# Neues NeverSettle Bundle?



## xElv1sHD (23. Oktober 2013)

Im Internet gibt es ja zahlreiche Gerüchte und Bilder, dass es bald ein neues NeverSettle Bundle gibt und zwar mit Tomb Raider, Battlefield 4, Watch Dogs,... Ist an diesen "Gerüchten" etwas dran? Und wenn ja, gibt es eigentlich bald auch NeverSettle Bundles für die neuen AMD Grakas (r9 280x,...)?


----------



## oldsql.Triso (23. Oktober 2013)

Das eins kommt, steht fest wie das Amen in der Kirche. Das BF4 mit von der Partie sein wird, eigentlich auch. Welche Grafikkarten das kriegen, ist jedoch noch ungewiß, genauso wie die zusätzlichen Titel. Bisher war irgendwie nur die Rede R280X, aber an anderer Stelle wurde auch erwähnt das es für alle kommen wird. 
Du kannst dir auf jeden Fall dieses limitierte Set mit BF4 irgendwann vorbestellen ^^ zusammen mit der R290X.


----------



## Patrin (23. Oktober 2013)

Ich hoffe ja, dass auch mal RTS Titel den Weg in die Spielebundles schaffen.
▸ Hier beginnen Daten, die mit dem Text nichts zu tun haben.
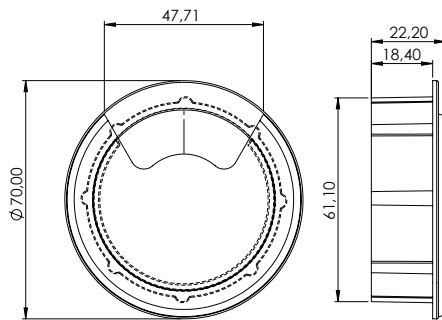

PASSA FIO 60X18MM

003.02.004	Passa Fio 60x18mm
003.02.005	Passa Fio 60x18mm Cromado

Material: Polímero

Acabamento: Consulte tabela de cores / Cromado

Lote: 100 unidades

Klar, mit den Shootern kann man die Grafikleistung der Katen besser bewerben, aber ich fände es dennoch interessant, wenn auch andere Genres mal vertreten wären.


----------



## xElv1sHD (23. Oktober 2013)

Vielleicht kommt ja nächstes Jahr eins mit dem neuen Dragon Age oder mit Wild Hunt.


----------